140 N.Y.S. 1019 | City of New York Municipal Court | 1912
It appears from the testimony that the defendants did not own the auto truck which caused the damage for compensation for which plaintiff sues, did not employ or pay the chauffeur; but that the truck was hired by the defendants from the Motor Renting Company for $90 a week; that the Motor Renting Company supplied the chauffeur and paid his wages, and paid for all repairs, oils, gasoline, etc., for its operation; that the defendant had no power of selection of the particular chauffeur who was to run- the truck, and from time tó time different chauffeurs were sent by the owners of the truck.for that purpose.
It does not appear that the defendant exercised any authority or control over the truck or its driver, except to indicate to the driver the place where he was to go to deliver or receive goods; neither does it appear that the chauffeur had any duties to perform, except to operate the auto truck. The defendant sent with the truck two employés, who had no duties, except to load and unload the merchandise.

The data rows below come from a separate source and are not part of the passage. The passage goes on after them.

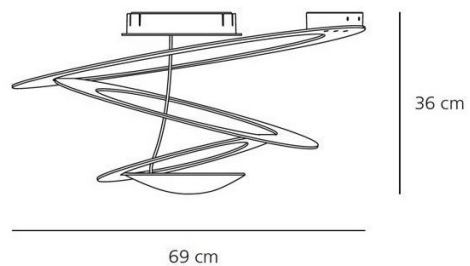

In the Pirce Ceiling Light the lamp itself is placed in the lower dish of the light casting illumination upwards to give indirect light emission making this light by Artemide not only a special light source but also a unique piece of ceiling art.

## PRODUCT SPECIFICATION

**Light Source:** 1x max 11W LED R7 (excluded)

**IP Code:** 20

**Dimming:** Dimmable via mains phase dimming.

**Dimensions:** 69 cm width  
36 cm height

**For all sales and technical enquiries, please contact:**
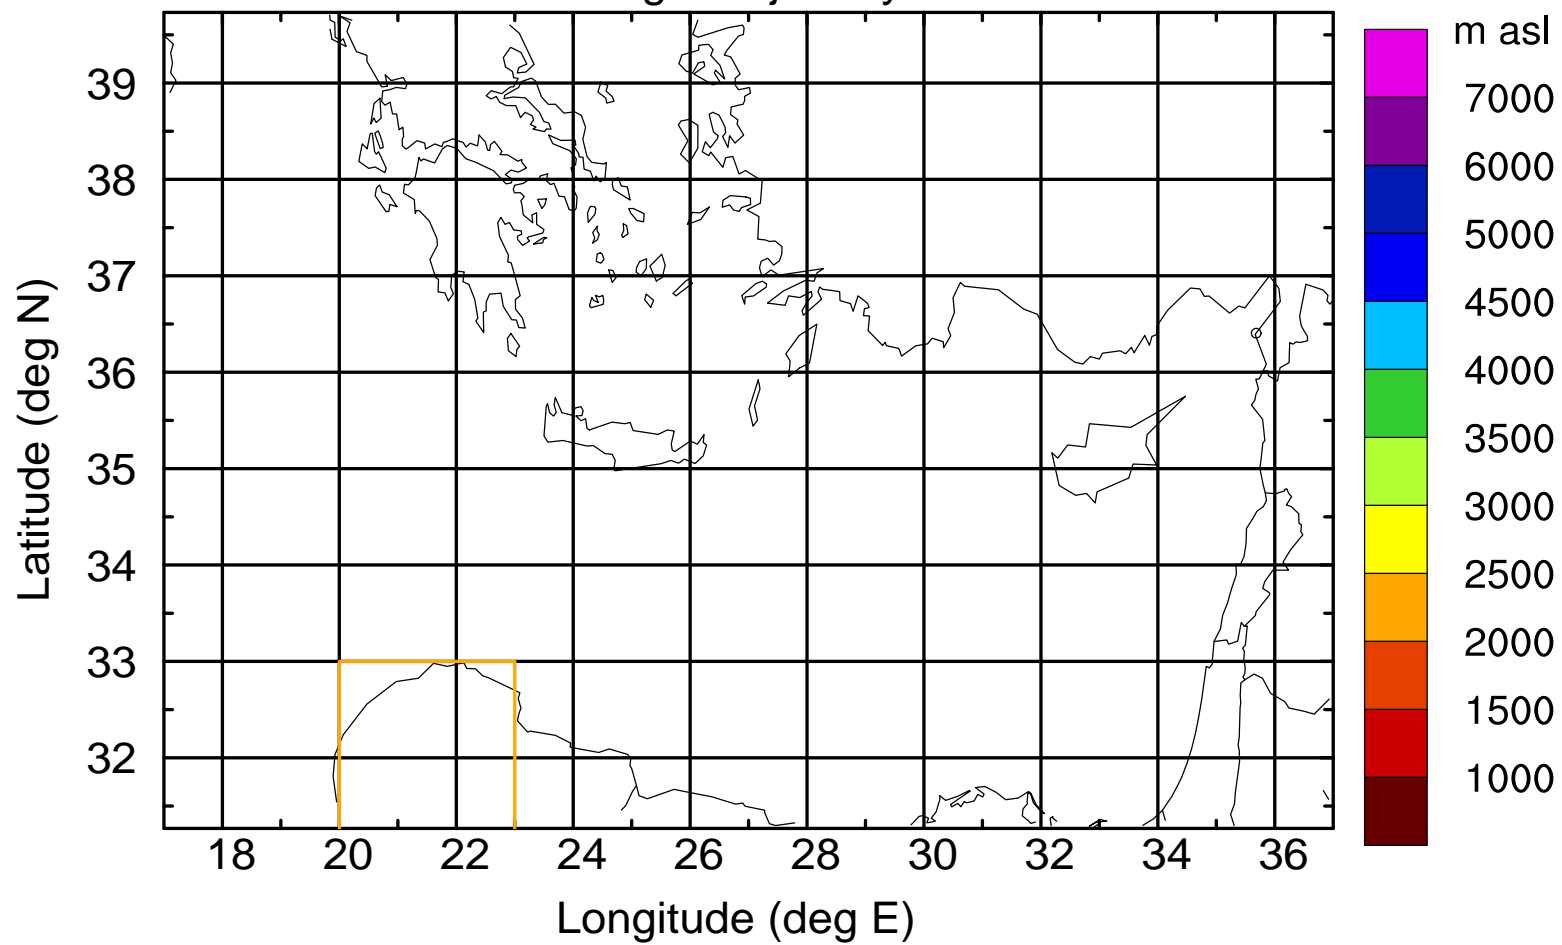

Paphos Airport ground station 20170422 16:00 UTC

Flight trajectory
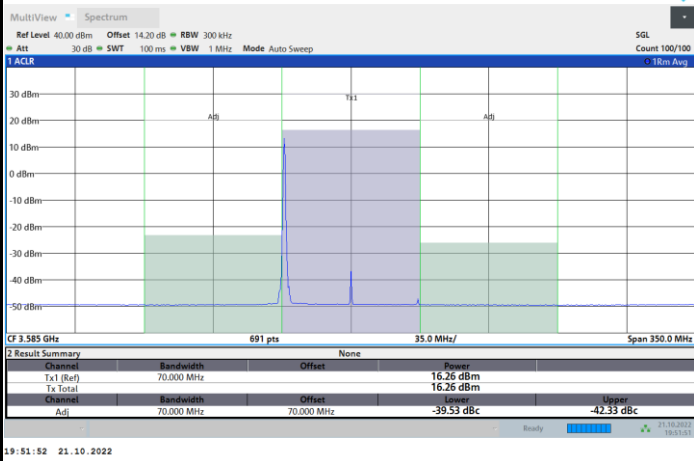

FR1 N77 / 70MHz / CP OFDM / 64QAM

Lowest Channel

1RB0

1RBmax

The decisions as to the liability of parties hiring vehicles under such conditions are exceedingly close, and it- is difficult to distinguish between the facts upon which diverse judgments have been founded.
Upon the authority, however, of Kellogg v. Church Charity Foundation of Long Island, 203 N. Y. 191, 96 N. E. 406, 38 L. R. A. (N. S.) 481, Ann. Cas. 1913A, 883, and Singer v. McDermott, 30 Misc. Rep. 738, 62 N. Y. Supp. 1086, the motion to vacate and set aside the judgment will be denied. No costs.